= Beginning of Section =

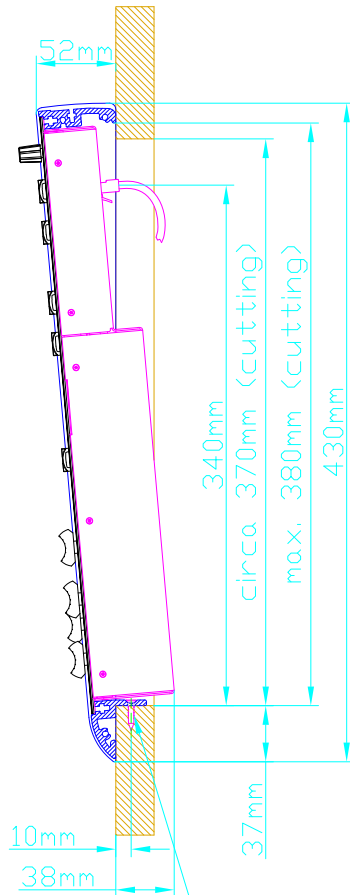

Cutout for Console Frame 52-2818 of Mixing Console 52/SX.
For dimensions of Console Frame, see next page!

DHD
Deubner Hoffmann Digital GmbH
Haferkornstrasse 5
04129 Leipzig / Germany
Phone: +49 341 5897020
Fax: +49 341 5897022
E-mail: dhd@dhd-audio.com
Internet: www.dhd-audio.com

Scale: 1:5 (DIN A3)

Dimensions cutout for
Console Frame

Name: Miethling
Date: 27.10.2010
File: 52-2818_sx_dimension.dwg

52-2818
(Console Frame for 4 Fader Modules
and 1 Central Module)

Page:
1/2

Cut B-B

Cut A-A

For fixing console frame to furniture, please drill bore $d=3,5...4mm$ into aluminium profile for wooden screw.

Specifications and design are subject to change without notice. The content of this document is for information only. The information presented in this document does not form part of any quotation or contract, is believed to be accurate and reliable and may be changed without notice. No liability will be accepted by the publisher for any consequence of its use. Publication thereof does neither convey nor imply any license under patent- or other industrial or intellectual property rights.

Console Frame for example Mixing Console 52/SX

 <p>DHD Deubner Hoffmann Digital GmbH Haferkornstrasse 5 04129 Leipzig / Germany</p> <p>Phone: +49 341 5897020 Fax: +49 341 5897022 E-mail: dhd@dhd-audio.com Internet: www.dhd-audio.com</p>	Scale: 1:5 (DIN A3)	<p>Dimensions Console Frame of Mixing Console 52/SX</p> <p>52-2818 (Console Frame for 4 Fader Modules) and 1 Central Module)</p>		Page: 2/2
	Name: Miethling

= End of Section =

Problem description:
Write out exactly the final stretch of the records: the line containing "<p>DHD Deubner Hoffmann" and every line after it, through the last, and nothing else.

Reply to the exercise:
 <p>DHD Deubner Hoffmann Digital GmbH Haferkornstrasse 5 04129 Leipzig / Germany</p> <p>Phone: +49 341 5897020 Fax: +49 341 5897022 E-mail: dhd@dhd-audio.com Internet: www.dhd-audio.com</p>	Scale: 1:5 (DIN A3)	<p>Dimensions Console Frame of Mixing Console 52/SX</p> <p>52-2818 (Console Frame for 4 Fader Modules) and 1 Central Module)</p>		Page: 2/2
	Name: Miethling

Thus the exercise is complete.